Protesters against old-growth logging train for blockades, say they'll keep disrupting traffic until they win
Save Old Growth activists have been blocking rush-hour traffic in hopes of ending old-growth logging
On a sunny Thursday afternoon in Vancouver's Jonathan Rogers Park, across from a group of women doing yoga and a French bulldog playing a feverish game of fetch, the peace was pierced by an older man hurling insults at a group of climate activists.
"What's going on here?" he shouted. "Everyone wants to save the damn trees, but you're in my way!"
He began grabbing at their green and gold banners emblazoned with the words, 'SAVE OLD GROWTH'.
Yet the activists did not respond. They sat. They stared.
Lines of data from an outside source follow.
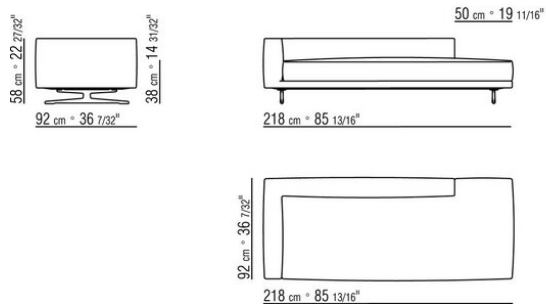

COD. 0245M7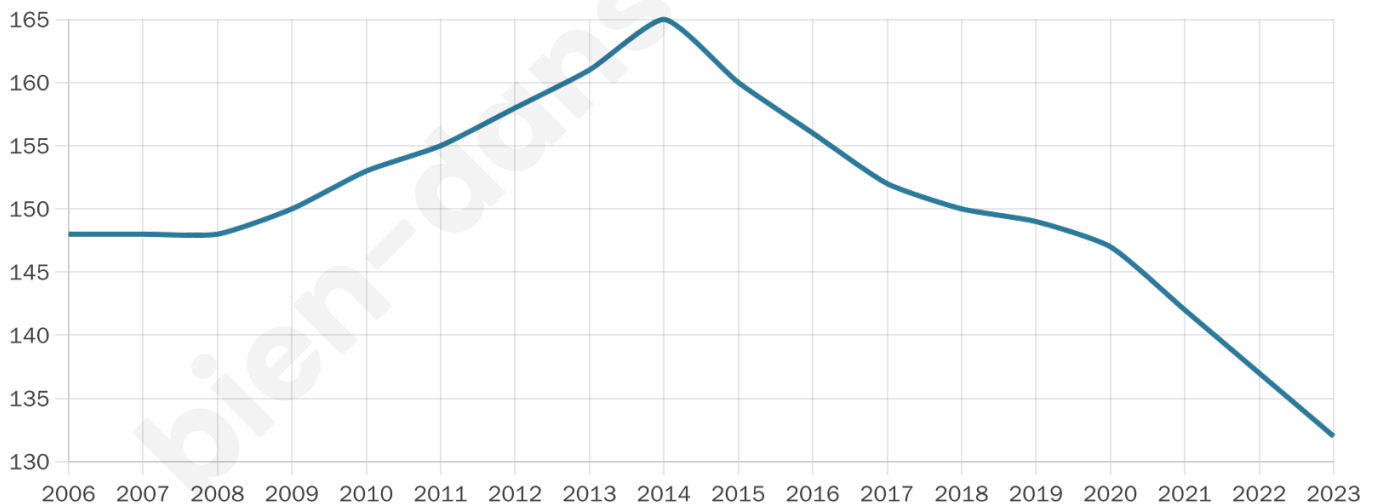

Age moyen

47 ans

Pop active

52.3%

Taux chômage

4.6%

Pop densité

9 h/km²

Revenu moyen

20 070 €/an

Evolution du nombre d'habitants

Sources : Institut national de la statistique et des études économiques (insee) selon Les dernières parutions officielles de 2024 portant sur les années 2020, 2021 et 2022.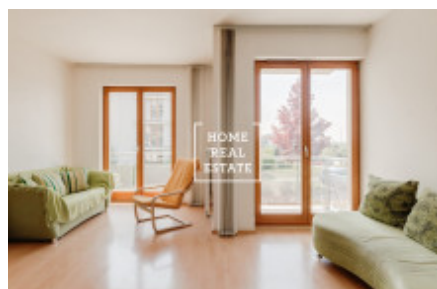

HOME
REAL
ESTATE

Аренда квартиры 1+kk, 33 m2 - Eberlova

ID	33850	Предложение	Аренда
Группа	1+kk	Меблированная	Меблированная
Локация	Eberlova 4, Praha 13- Stodůlky, Česko	Форма собственности	Частная
Общая площадь	33 m ²	Город	Прага
Городская часть	Stodůlky	Статус	Реализовано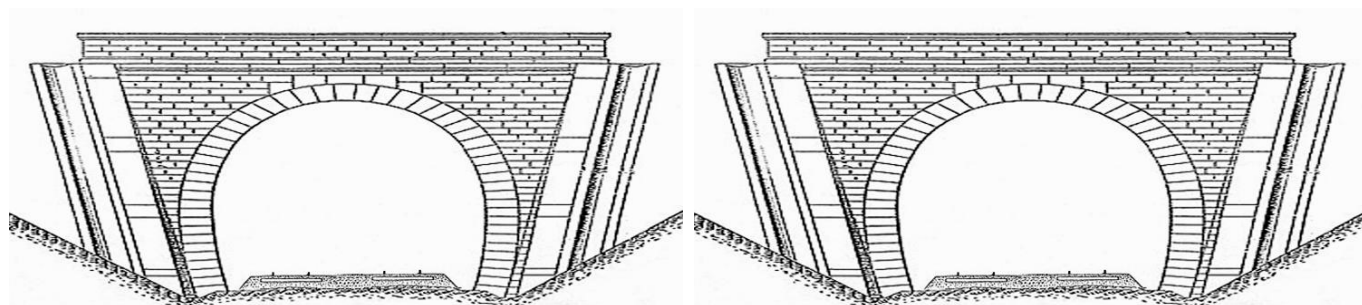

COORDONNEES : Lambert II Etendu
X : 594,541 X : 594,461
Y : 2434,865 Y : 2434,933

Altitude moyenne : 30 m

DONNEES TECHNIQUES :

Nature de l'ouvrage : Saut de mouton
Longueur estimée : 105 m
Nombre de voies : 2
Usage actuel : En service (accès dangereux)
Etat général accès : Ligne en service (accès dangereux)
Etat général galerie : Bon

COMMENTAIRES :

Saut de mouton en forme de faux tunnel qui permettait aux voies de la ligne Bécon les Bruyères > La Garenne Colombes de passer sous celles de la ligne Nanterre > Colombes.

La ligne Nanterre >Colombes ayant été en partie désaffectée, il n'y a plus qu'une voie de service qui passe au-dessus du saut de mouton.

ICONOGRAPHIE :

ENTREE

SORTIE

Pas de photos actuelles disponibles pour l'instant.
Il ne tient qu'à vous...

Qui me tirera le portait ?

Vue aérienne de la galerie

Si cette fiche comporte des erreurs ou des oublis, merci de nous le signaler.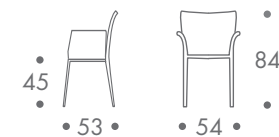

### dimension

- stuhl

5 kg ohne armlehnen  
7 kg mit armlehnen

### farbe

- gestell
- alu poliert
- bezug
- schwarz
  - weiss
  - rot
  - platin - grau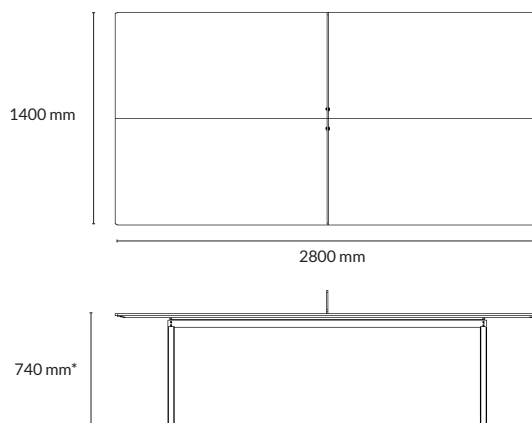

*Höjd inklusive bordsskiva.

**MÖTESBORD** Runt

*Höjd inklusive bordsskiva.

Utförande	Höjd*	Storlek skiva	Artikelnummer	Pris
Ekfanér + stativ i vit metall	1050 mm	900x22 mm	183001-1	19 734
	1050 mm	1050x22 mm	183002-1	21 252
	1050 mm	1300x22 mm	183003-1	30 371
	1050 mm	1500x22 mm	183004-1	33 770
Askfanér+ stativ i vit metall	1050 mm	900x22 mm	183001-2	19 734
	1050 mm	1050x22 mm	183002-2	21 252
	1050 mm	1300x22 mm	183003-2	30 371
	1050 mm	1500x22 mm	183004-2	33 770
Mauve linoleum + stativ i svart metall	1050 mm	900x23 mm	183001-3	19 734
	1050 mm	1050x23 mm	183002-3	21 252
	1050 mm	1300x23 mm	183003-3	30 371
	1050 mm	1500x23 mm	183004-3	33 770
Svart linoleum + stativ i svart metall	1050 mm	900x23 mm	183001-4	19 734
	1050 mm	1050x23 mm	183002-4	21 252
	1050 mm	1300x23 mm	183003-4	30 371
	1050 mm	1500x23 mm	183004-4	33 770
Mushroom linoleum + stativ i vit metall	1050 mm	900x23 mm	183001-5	19 734
	1050 mm	1050x23 mm	183002-5	21 252
	1050 mm	1300x23 mm	183003-5	30 371
	1050 mm	1500x23 mm	183004-5	33 770

*Höjd inklusive bordsskiva.

TILLBEHÖR: Kabellock

Utförande	Storlek	Placering	Artikelnummer	Pris
Välj yta lika skiva	550x130 mm	Centrerad	152010-xxxx	8602

FÄRG-/MATERIALVAL: Kabellock

Utförande	Artikelnummer
Ekfanér	xxxxxx-0101
Askfanér	xxxxxx-0102
Mauve linoleum	xxxxxx-0701
Svart linoleum	xxxxxx-0705
Mushroom linoleum	xxxxxx-0702

*Höjd inklusive skiva.

PINGISBORD Skiva, stativ och nät

Utförande	Höjd*	Storlek skiva	Artikelnummer	Pris
Olive green	740 mm	2800x1400 mm	180313-0110-x	54 450
Smokey blue	740 mm	2800x1400 mm	180313-0111-x	54 450

They smiled.
Just as they were being trained to do in an actual protest event.
In recent weeks, Metro Vancouver, Victoria, Nanaimo and Revelstoke have seen protests along major highways, where activists from the group Save Old Growth have been blockading rush-hour traffic in hopes of permanently stopping old-growth logging in B.C.
Demonstrators recently targeted Vancouver's Second Narrows Bridge, the Massey Tunnel under the Fraser River and the Patricia Bay Highway near North Saanich on Vancouver Island.
The actions resulted in dozens of arrests and sparked tensions with some members of the public over snarled traffic.
Data from the RCMP's E-division shows that as of June 15, 47 arrests have been made in relation to Save Old Growth demonstrations, including 14 arrests between April 4 and June 13.
On June 13, one protester was transported to hospital after falling from a ladder during a demonstration on the Patricia Bay Highway, resulting in a shattered pelvis, according to Save Old Growth.
Another video from an April 21 demonstration on the Ironworkers Memorial Bridge appears to show protesters being dragged off the road by motorists.
B.C. Forestry Minister Katrine Conroy tells CBC the government respects Save Old Growth's right to protest, but that "a small group of individuals trying to disrupt other people's lives is the wrong approach."
She also says the NDP government, in partnership with First Nations, "has prevented logging in nearly 1.7 million hectares of old-growth" since November and that, on average, "old-growth logging in B.C. has decreased by 40 per cent over the past five years."
Training in non-violent techniques
The group describes its high-risk tactics as an escalation of previous protests, including the Fairy Creek blockades on Vancouver Island and the Extinction Rebellion blockades in Vancouver.
Activists from both groups have joined Save Old Growth, which promotes non-violent civil disobedience modelled on the United States civil rights movement of the 1950s and 1960s.
"Most people don't go around thinking, 'I'm going to go out and intentionally block a road and get arrested,'" said co-ordinator Tim Brazier, who was charged with mischief after his arrest earlier this year. "So it takes some time to learn and unlearn that arrest equals bad."
Before anyone is allowed to walk into traffic, Brazier says, they must first be trained in non-violent techniques, including role playing where participants endure screaming and yanking while being encouraged to maintain their cool.
"The central principle here, that everyone agrees on, is just how dire the situation is with the climate emergency," said Save Old Growth co-founder and Simon Fraser University student Zain Haq, 21.
"People with different political views and different backgrounds are willing to put that aside … for the purpose of actually getting legislative victory against a government that doesn't seem to be too happy about taking proper climate action," Haq said.
The third-year history major was ordered earlier this month to show up at a Canada Border Services Agency office, Brazier told the CBC.
Haq, an international student from Pakistan, said he has been arrested 10 times for acts of civil resistance at various climate-related protests since 2020, including being sentenced to jail for two weeks for violating an injunction against protests over the Trans Mountain Pipeline expansion (TMX).
The National Observer has reported that Haq recently turned himself in, and was moved to an immigration holding centre in Surrey where he'll remain until he has a hearing scheduled.
Disruptions risk turning public opinion
Ben Holt, 52, who played the role of a frustrated driver during group training, says the first time he helped shut down traffic near Grandview Highway at Boundary Road on Easter Monday, a man came forward pleading to get through so he could visit a dying family member.
"Very sad to hear his story, and you can't help but have empathy for him," said the North Vancouver father of two.
"But, you know, we've been pushed into this corner and we have to do what we have to do to get change."
Holt says police arrived shortly afterward and cleared a path, allowing the man to get through.
In 2021, a poll by Insights West and the Sierra Club B.C. found 78 per cent of British Columbians were concerned with old-growth logging in the province.
SFU political science professor Stewart Prest says the group's single-issue approach differentiates them from other social movements, making it easier for people to understand what they want to achieve — but their disruptive strategies could cost them public opinion.
"Politicians will act when they feel political pressure, not just from the social movement actors themselves, but from the broader population," he said.
"These kinds of disruptive strategies raise awareness around the issue, but they may not win over support among the broader population.
"That may reduce the amount of pressure politicians feel to give in to any kinds of demands."